Records excerpted from a collection
____________
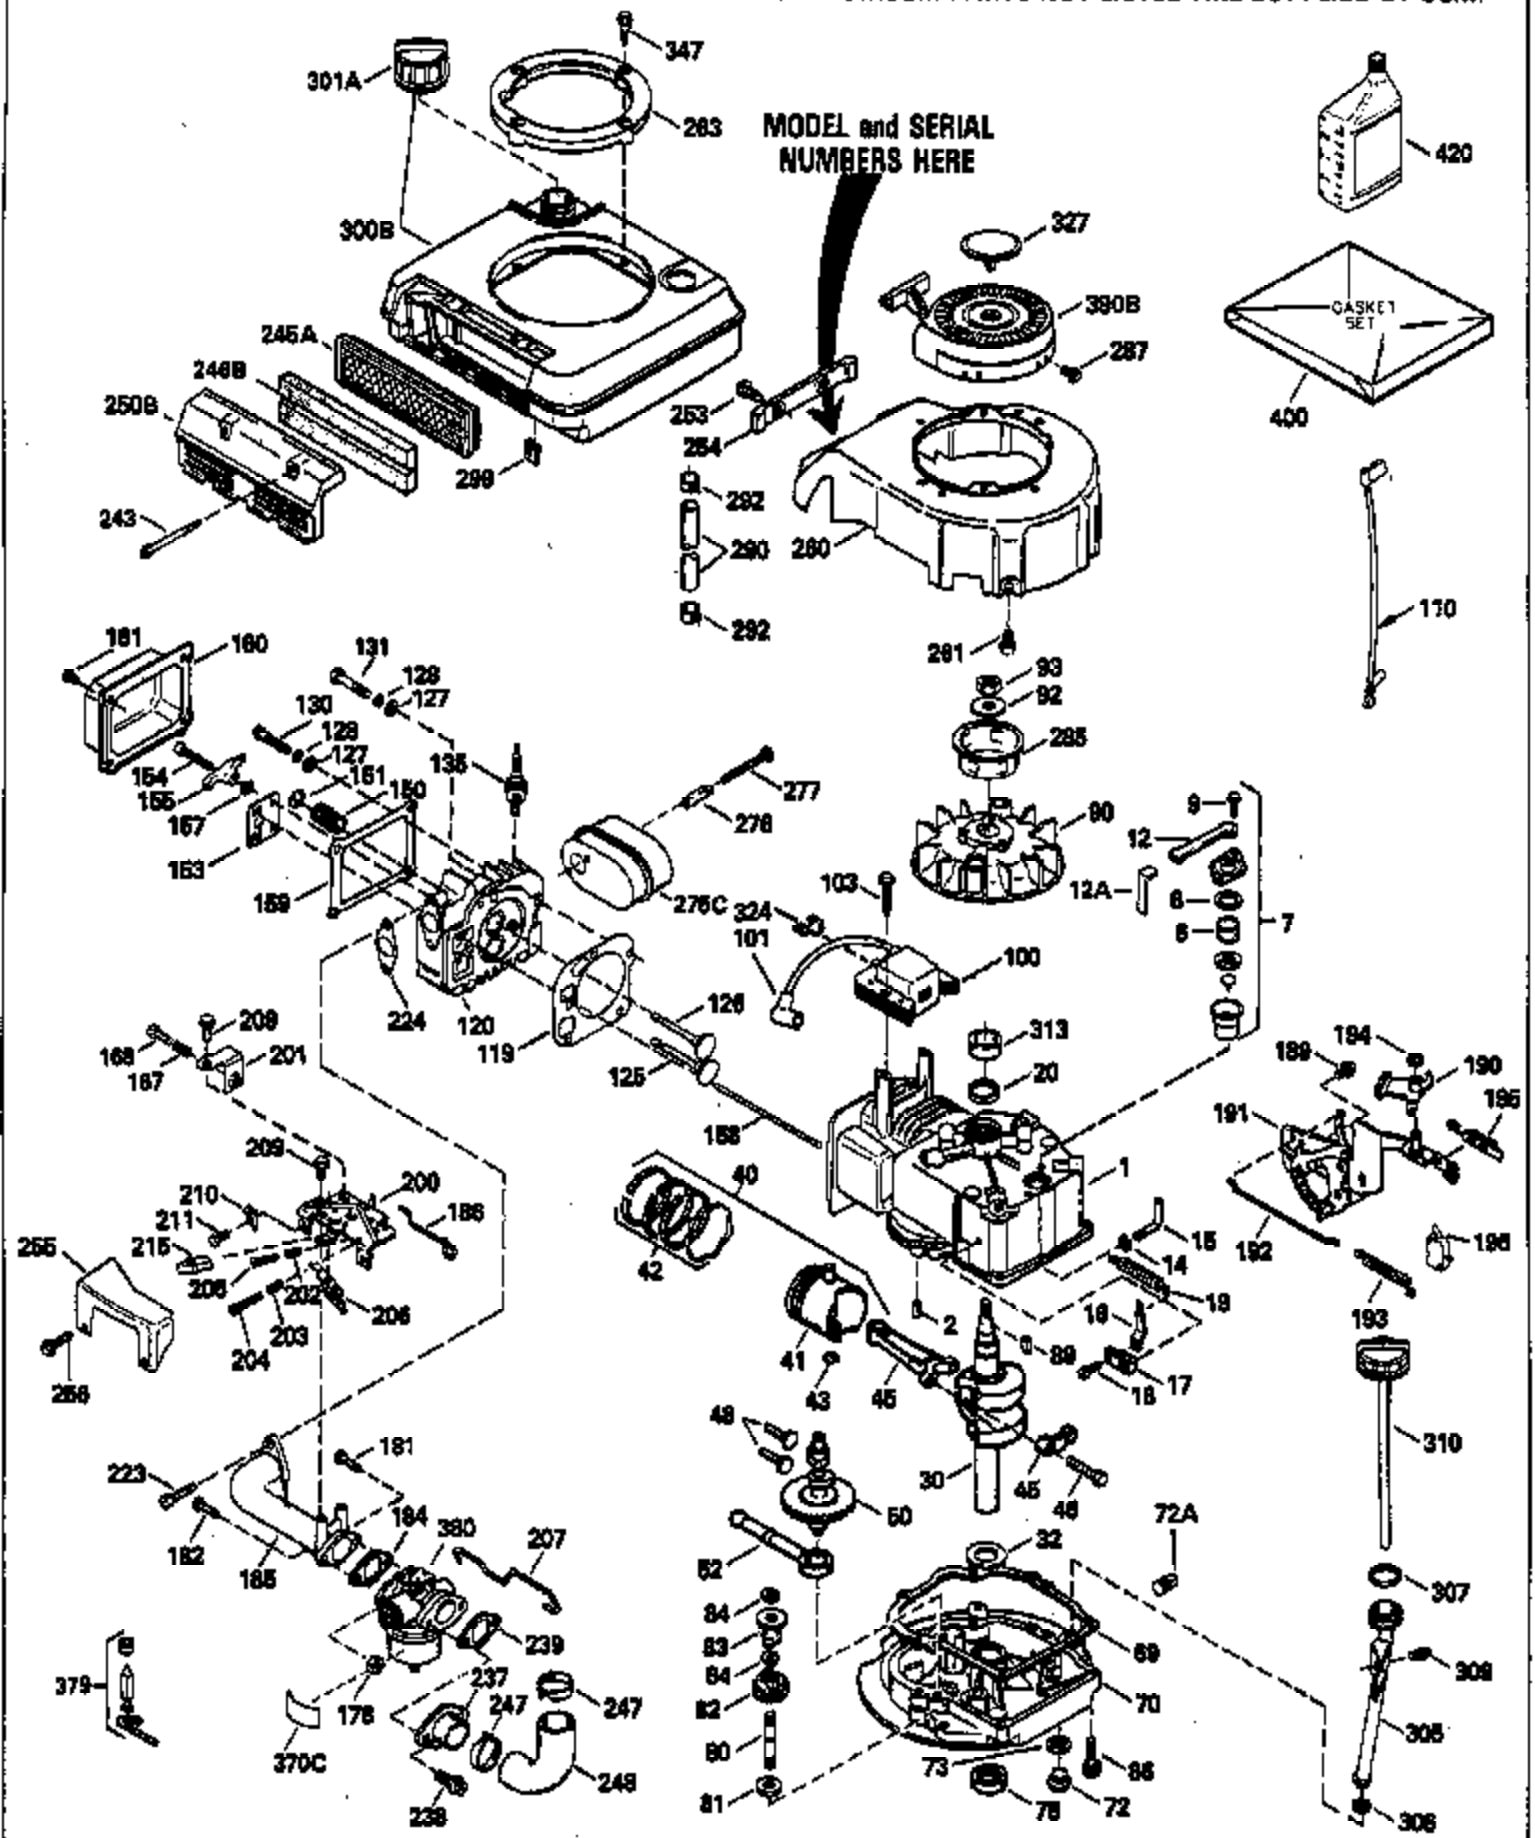

ILLUSTRATION SHOWS TYPICAL PARTS ONLY. ORDER BY PART NUMBER. PARTS NOT LISTED ARE SUPPLIED BY OEM.

Ref #	Part Number	Qty	Description
1	35613		Cylinder (Incl. 2 & 20) (2-1/2" Bore)
2	26727		Pin, Dowel
6	33734		Element, Breather
7	34214A		Breather Assy. (Incl.6, 8, 9, 12 & 12 A)
8	33735		* Gasket, Breather
9	30200		Screw, 10-24 x 9/16"
12	33886		Tube, Breather
12A	34695		Elbow, Breather tube
14	28277		Washer, Flat
15	30589		Rod, Governor (Incl. 14)
16	31383A		Lever, Governor
17	31335		Clamp, Governor lever
18	650548		Screw, 8-32 x 5/16"
19	33578		Spring, Governor
20	32600		Seal, Oil
30	35645		Crankshaft
32	32323		Washer, Thrust NOTE: This thrust washer maynot be required if a new crankshafthas been installed. Check the proper Mechanic's Handbook for acceptable end play. Use this .010" thrust washer if excess end play is measured.
40	34514		Piston, Pin & Ring Set (Std.) (2-1/2" Bore)
40	34515		Piston, Pin & Ring Set (.010" OS)
40	34516		Piston, Pin & Ring Set (.020" OS)
41	32538B		Piston & Pin Ass'y. (Std.)(Incl. 43) (2-1/2")
41	32548B		Piston & Pin Ass'y. (.010" OS) (Incl. 43)
41	32549B		Piston & Pin Ass'y. (.020" OS) (Incl. 43)
42	28986		Ring Set, Piston (Std.)
42	28987		Ring Set, Piston (.010" OS)
42	28988		Ring Set, Piston (.020" OS)
43	20381		Ring, Piston pin retaining
45	30963B		Rod Assy., Connecting (Incl. 46)
46	32610A		Bolt, Connecting rod
48	35616		Valve, Lifter
50	33553		Camshaft (MCR)
52	29914		Pump Assy., Oil
69	35261		* Gasket, Mounting flange
70	34311C		Mounting Flange (Incl. 72, 72A, 75 & 80)
72	30572		Plug, Oil drain (Incl. 73)
73	28833		* Drain Plug Gasket (Do not use w/plast ic plug)
75	27897		Seal, Oil
80	30574		Shaft, Governor
81	30590A		Washer, Flat
82	30591		Gear Assy., Governor (Incl. 81)
83	30588A		Spool, Governor
84	29193		Ring, Retaining
86	650488		Screw, 1/4-20 x 1-1/4"
89	611004		Key, Flywheel
90	611112		Flywheel
92	650815		Washer, Belleville
93	650816		Nut, Flywheel
100	34443A		Solid State Assy.
101	610118		Cover, Spark Plug
103	650814		Screw, Torx T-15, 10-24 x 1"
110	34961		Ground Wire
119	35617		* Gasket, Cylinder head
120	35630		Head Cylinder
125	35621		Exhaust Valve (Std.) (Incl. 151)
____________
__PROBLEM TO SOLVE__. The answer is each line from the entries above in which the word "Valve" occurs.

__ANSWER FOR THIS EXERCISE__.
48	35616		Valve, Lifter
125	35621		Exhaust Valve (Std.) (Incl. 151)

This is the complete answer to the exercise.